Dot Wordsworth

Kippah

And how to pronounce kippah without sounding mocking

What, asks the columnist Philologus in the online magazine Mosaic, is the difference between a kippah and a yarmulke? I’m glad he supplied an answer, for I know no Yiddish and less Hebrew, and the Oxford English Dictionary is reticent.

Kippah first appeared in the OED in 1997, with the bare etymology ‘from Hebrew’. Philologus observes that it denotes ‘any skullcap worn by a Jew for religious reasons’. He suggests that kippah derives from a word in early rabbinic Hebrew (from the time of the compilation of the Mishnah, the first century in AD-dating). That Hebrew word meant ‘dome’ or ‘vault’, either of a building or of the heavens. This sounds a satisfying derivation.

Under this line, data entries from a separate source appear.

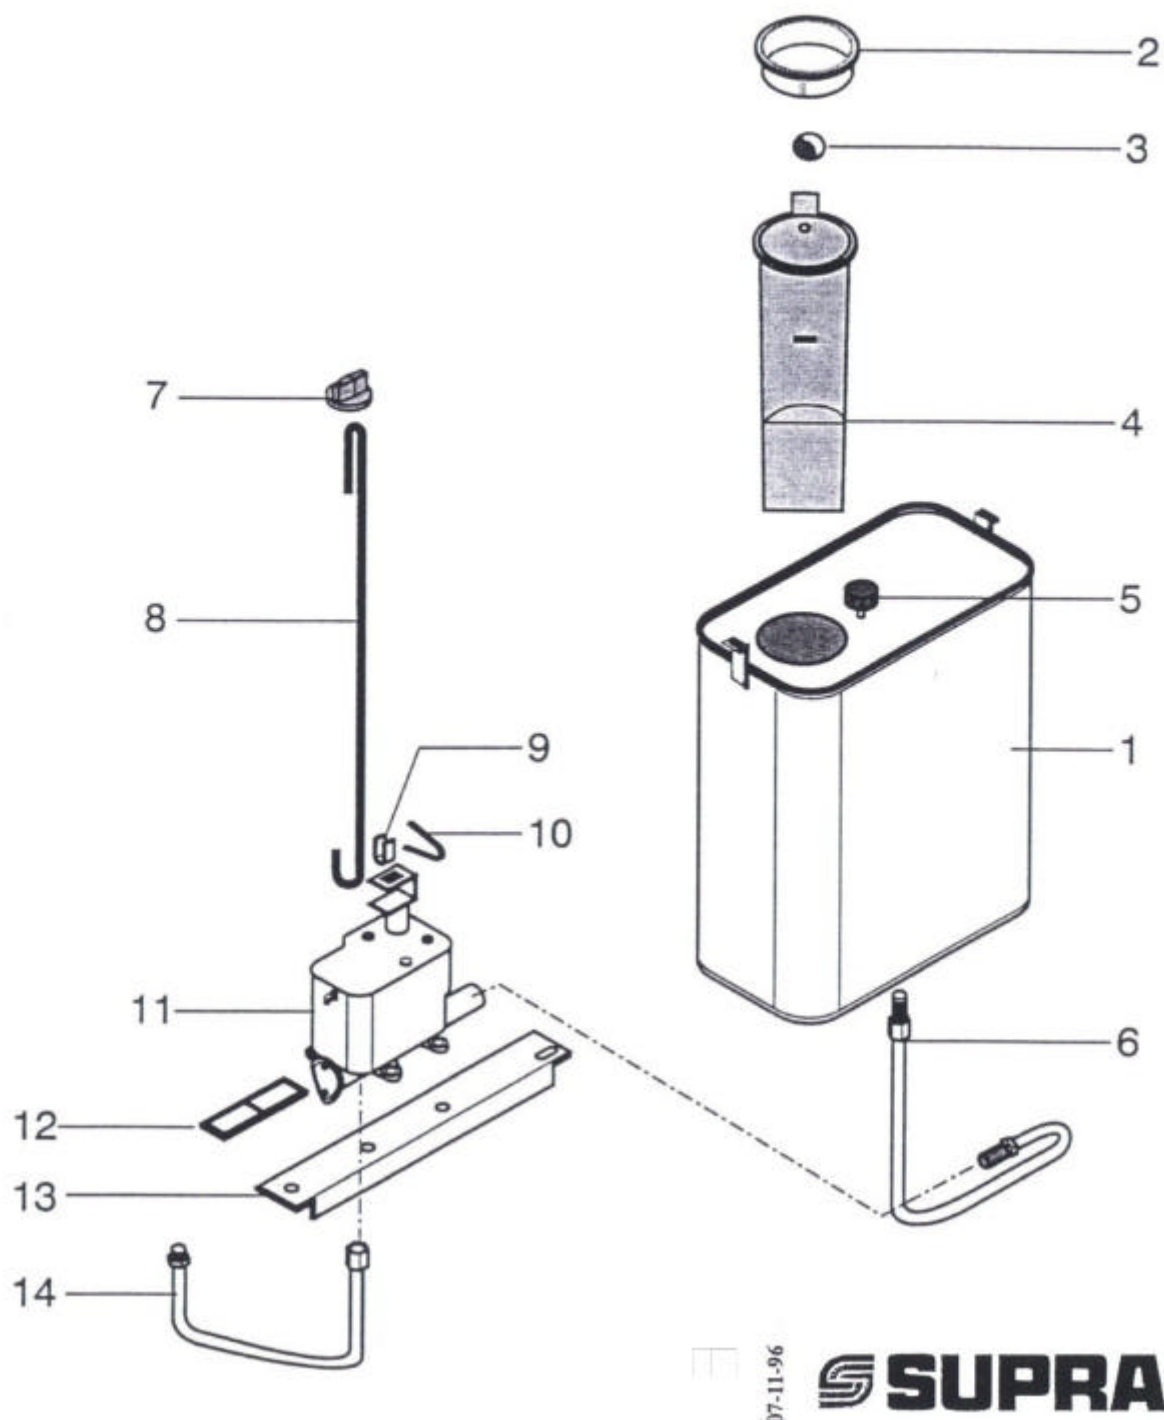

POÊLE A FIOUL CONFORT 7345 / 50 / 75

PIÈCES DÉTACHÉES

ENSEMBLE RÉSERVOIR

07-11-96 **SUPRA**

POELES A FIOUL : 7345 / 7350 / 7375
ENSEMBLE RESERVOIR

POSITION	NOMBRE	DESIGNATION PIECES	7345	7350	7375
1	1	Réservoir nu	11419	11419	11419
2	1	Bouchon réservoir	11421	11421	11421
3	1	Flotteur	11426	11426	11426
4	1	Filtre réservoir	11420	11420	11420
5	1	Bouton O/F	01404	01404	01404
6	1	Tubulure cuve / réservoir	15404	11386	15403
7	1	Bouton de réglage	11423	11423	11423
8	1	Tige de réglage	11964	11424	13580
9	1	U de liaison cuve	11425	11425	11425
10	1	Goupille	02763	02763	02763
11	1	Cuve à niveau	14628	12745	14630
12	1	Filtre cuve	80567	80567	80567
13	1	Support cuve	11403	11403	11403
14	1	Tubulure cuve / corps de chauffe	11385	11385	15402

POÊLE A FIOUL CONFORT 7345 / 50 / 75

PIÈCES DÉTACHÉES

TOLERIE

07-11-96

SUPRA

POELES A FIOUL : 7345 / 7350 / 7375
ENSEMBLE TOLERIE

POSITION	NOMBRE	DESIGNATION PIECES	7345	7350	7375
1	1	Façade	14299--E/S	11427--E/S	14298--E/S
2	1	Socle	13698PL	13698PL	13561PL
3	1	Côté droit	13536PL	13484PL	13581PL
4	1	Côté gauche	13536PL	13484PL	13581PL
5	1	Arrière	11416	11416	15210
6	1	Dessus Fonte	01317--E/S	01317--E/S	01287--E/S
7	1	Tôle de protection	13625	11414	13576
8	1	Protège réservoir	11413	11413	11413
9	1	U d'écartement	13694DG	13694DG	13571DG
10	1	Charnière	13693	13693	13574
11	1	Coin de protection plastique	11432	11432	11432

POELE A FIOUL CONFORT 7345 / 50 / 75

PIÈCES DÉTACHÉES

**POELES A FIOUL : 7345 / 7350 / 7375
ENSEMBLE BRULEUR**

POSITION	NOMBRE	DESIGNATION PIECES	7345	7350	7375
1	1	Tampon	14329PB	14329PB	14329PB
2	1	Dessus tôle gris	11410PB	11410PB	11410PB
3	1	Défecteur	13477	11435	13586
4	1	Rondelle supérieure	13532	11433	01368
5	1	Rondelle inférieure	13533	11434	01367
6	1	Corps de chauffe	14317PB	11405PB	14316PB
7	1	Airstator	13535	11409	13568
8	1	Robinet de décrassage	13919	11411	11411
9	1	Joint presse étoupe	80371	80371	80371
10	1	Pot brûleur	13530	11408	13566
11	1	Support corps de chauffe	13699DG	13699DG	13699DG

But Philologus introduces the possibility that kippah in the sense ‘cap’ comes from the Latin cappa, which gave us the English cap, once meaning ‘hood’ or ‘cloak with a hood’, until it settled down in the Middle Ages to mean ‘brimless male head-dress’.

As for yarmulke, a Yiddish word, Philologus notes that it ‘generally refers only to the sewn satin or felt cap, commonly with a cotton lining, of Ashkenazi Eastern Europe’. He mentions that it is often traced back to a Polish word — as the OED does, deriving it from jarmulka, ‘cap’. But Philologus thinks the borrowing is in the other direction, from Yiddish to Polish.

He favours instead an origin put forward by W. Gunther Plaut (1912–2012), who suggested the medieval Latin almucia. In English, amice is a confusing word, since the liturgical vestment that covers the shoulders and sometimes the head comes from a different Latin word, amictus, while the word we’re interested in, almucia, meant a fur hood.